Top of DATASET RECORDS

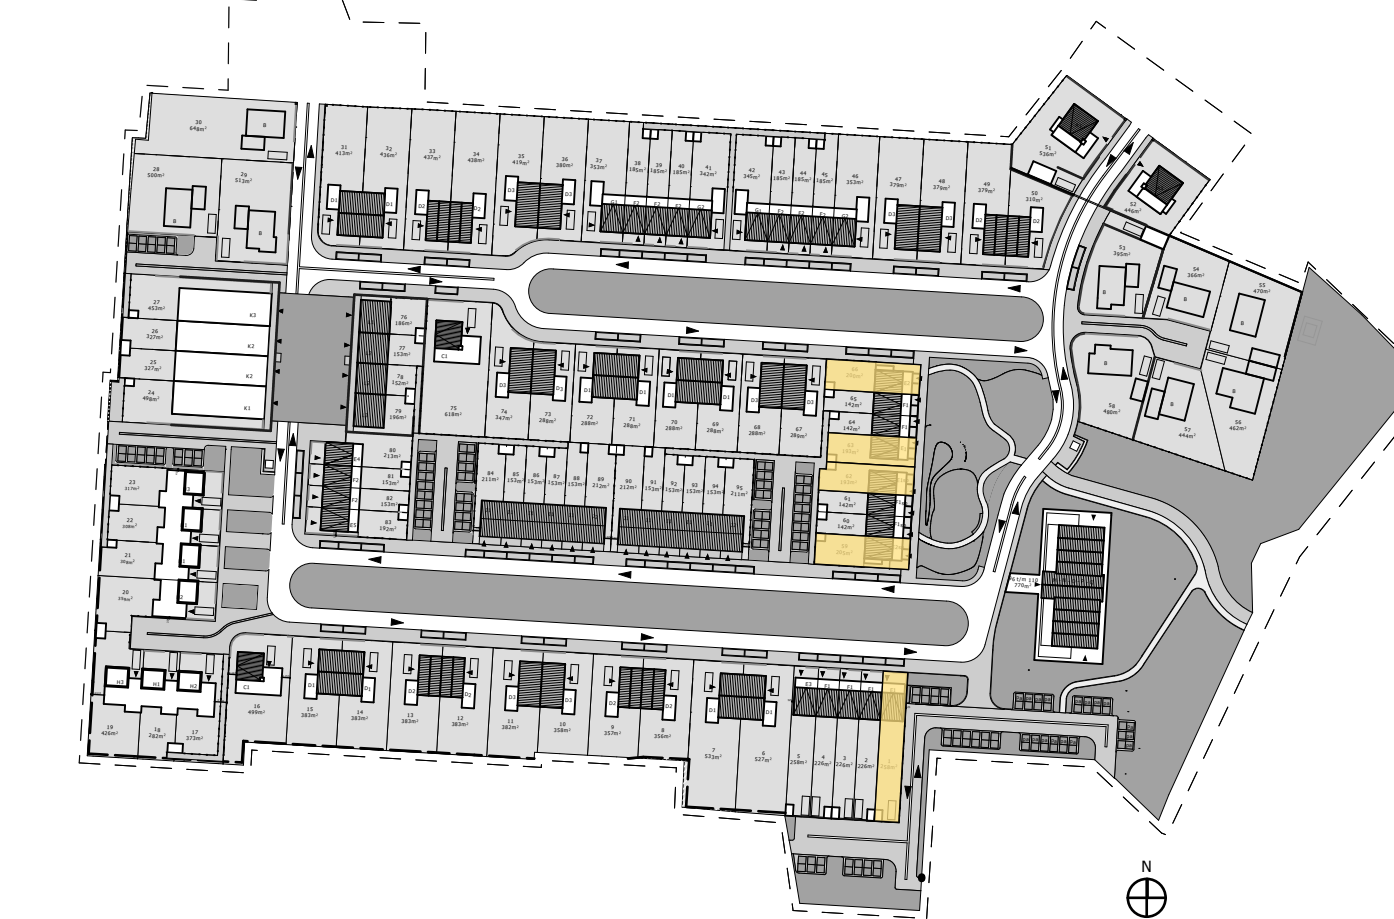

# Renvooi

- ⊠ enkele wandcontactdoos geard
- ⊠ dubbele wandcontactdoos geard volledig inbouw
- ⊠ dubbele wandcontactdoos geard halve inbouw
- ⊠ perlex aansluiting tbv el. koken
- ⊠ enkele wandcontactdoos t.b.v. wasmachine
- ⊠ enkele wandcontactdoos t.b.v. mechanische ventilatie
- ⊠ enkele wandcontactdoos t.b.v. elektrische radiator
- ⊠ aansluiting t.b.v. koelkast
- ⊠ aansluiting t.b.v. oven
- ⊠ aansluiting t.b.v. vaatwasser
- ⊠ aansluiting t.b.v. afzuigkap
- ⊠ enkele schakelaar
- ⊠ serie schakelaar
- ⊠ wisselschakelaar
- ⊠ cat 6 aansluiting bedraad
- ⊠ loze leiding onbedraad
- ⊠ Co2 sensor t.b.v. ventilatie
- ⊠ hoofdbediening mechanische ventilatie
- ⊠ aansluitingen t.b.v. warmtepomp
- ⊠ thermostaat warmtepomp
- ⊠ plafondlichtpunt
- ⊠ aansluiting wandlichtpunt
- ⊠ bedrukker
- ⊠ schel
- ⊠ rookmelder aangesloten op lichtnet
- ⊠ radiator lage warmte verwarming
- ⊠ verdeler vloerverwarming
- ⊠ ventilatie ventiel wand (afvoer)
- ⊠ ventilatie ventiel wand (toevoer)
- ⊠ ventilatie ventiel plafond
- ⊠ hemelwater afvoer
- ⊠ metselwerk
- ⊠ constructieve binnenwanden, kalkzandsteen of beton
- ⊠ lichte scheidingswanden, gasbeton
- ⊠ isolatie
- ⊠ HSB met staal profielplaat
- ⊠ vloertegels (indicatief)
- ⊠ WM opstelplaats wasmachine
- ⊠ ruimte v.v. vloerverwarming
- ⊠ positie pv panelen (indicatief)
- ⊠ omvormer p.v installatie
- ⊠ stalen ligger in metselwerk
- ⊠ aluminium paneel

- Aan de maatvoering kunnen geen rechten worden ontleend
- Maatvoering betreft circa maatvoering en is aangegeven in millimeters
- Elektra aansluitpunten, keukenopstelling, ventilatiepunten, radiatoren en rookmelders zijn indicatief aangegeven
- Het is mogelijk dat niet alle symbolen van toepassing zijn op uw woningtype

Note:  
 bouwnummer 1 heeft geen pergola aan de voorzijde

Datum	05-11-2019	Seahorse terrein Hengelo
Schaal / Formaat	1:50, 1:100	Van Wonen vastgoedontwikkeling B.V.
Inhoud	Plattegrond - Gevels - Doorsnede	info@vanwonen.com
Tekening Nr	WKT.E1.02	+31 (0)38 303 3600

Bottom of DATASET RECORDS

Wherever the word "geard" turns up in a line of the entries above, copy that line.

- ⊠ enkele wandcontactdoos geard
- ⊠ dubbele wandcontactdoos geard volledig inbouw
- ⊠ dubbele wandcontactdoos geard halve inbouw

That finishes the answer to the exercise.